*** Records provided ***

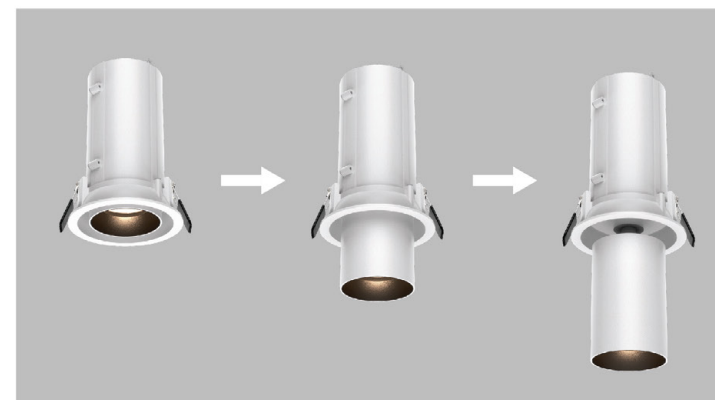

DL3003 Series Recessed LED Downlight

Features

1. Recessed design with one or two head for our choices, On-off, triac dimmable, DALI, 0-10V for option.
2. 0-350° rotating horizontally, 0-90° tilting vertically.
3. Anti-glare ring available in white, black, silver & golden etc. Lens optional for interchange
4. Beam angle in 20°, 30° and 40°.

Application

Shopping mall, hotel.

***

Print the records exactly, every one. Leave out the pictures.

Your solution.
DL3003 Series Recessed LED Downlight

Features

1. Recessed design with one or two head for our choices, On-off, triac dimmable, DALI, 0-10V for option.
2. 0-350° rotating horizontally, 0-90° tilting vertically.
3. Anti-glare ring available in white, black, silver & golden etc. Lens optional for interchange
4. Beam angle in 20°, 30° and 40°.

Application

Shopping mall, hotel.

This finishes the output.